▶ **Provided entries**
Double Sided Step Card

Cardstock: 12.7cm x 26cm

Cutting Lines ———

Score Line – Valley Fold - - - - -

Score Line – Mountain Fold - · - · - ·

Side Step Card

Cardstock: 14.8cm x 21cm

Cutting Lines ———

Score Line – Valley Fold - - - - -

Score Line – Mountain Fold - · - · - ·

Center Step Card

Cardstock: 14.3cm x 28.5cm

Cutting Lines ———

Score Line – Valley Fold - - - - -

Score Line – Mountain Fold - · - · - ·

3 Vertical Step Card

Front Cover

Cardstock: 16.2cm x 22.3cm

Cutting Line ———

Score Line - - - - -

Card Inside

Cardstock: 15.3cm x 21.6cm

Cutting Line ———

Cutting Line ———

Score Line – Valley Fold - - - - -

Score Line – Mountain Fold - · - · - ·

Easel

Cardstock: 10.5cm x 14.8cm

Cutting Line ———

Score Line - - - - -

...

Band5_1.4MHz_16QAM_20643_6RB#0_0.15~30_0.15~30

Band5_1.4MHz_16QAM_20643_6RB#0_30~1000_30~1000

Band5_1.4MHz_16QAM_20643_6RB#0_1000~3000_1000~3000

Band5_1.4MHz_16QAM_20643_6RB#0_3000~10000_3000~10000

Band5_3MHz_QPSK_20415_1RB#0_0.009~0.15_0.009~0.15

...

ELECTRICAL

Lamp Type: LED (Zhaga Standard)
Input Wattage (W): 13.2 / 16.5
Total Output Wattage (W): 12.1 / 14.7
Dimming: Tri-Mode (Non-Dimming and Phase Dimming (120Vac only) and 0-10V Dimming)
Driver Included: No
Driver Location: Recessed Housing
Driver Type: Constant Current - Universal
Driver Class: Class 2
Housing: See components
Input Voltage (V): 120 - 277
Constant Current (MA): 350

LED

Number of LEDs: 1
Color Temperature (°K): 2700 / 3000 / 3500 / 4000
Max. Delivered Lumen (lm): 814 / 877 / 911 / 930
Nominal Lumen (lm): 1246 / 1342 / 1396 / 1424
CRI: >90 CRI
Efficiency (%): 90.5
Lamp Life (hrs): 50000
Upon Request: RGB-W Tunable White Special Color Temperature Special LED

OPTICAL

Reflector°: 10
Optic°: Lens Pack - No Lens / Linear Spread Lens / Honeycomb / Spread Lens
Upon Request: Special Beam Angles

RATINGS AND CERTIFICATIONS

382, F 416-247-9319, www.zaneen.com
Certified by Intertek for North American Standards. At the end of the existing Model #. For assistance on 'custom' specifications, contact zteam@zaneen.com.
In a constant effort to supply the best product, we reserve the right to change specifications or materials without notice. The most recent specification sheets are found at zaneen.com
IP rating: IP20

▶ **Exercise description**
A single number is required: the count of lines in the data above that include the word "Current".

▶ **Result of this exercise**
2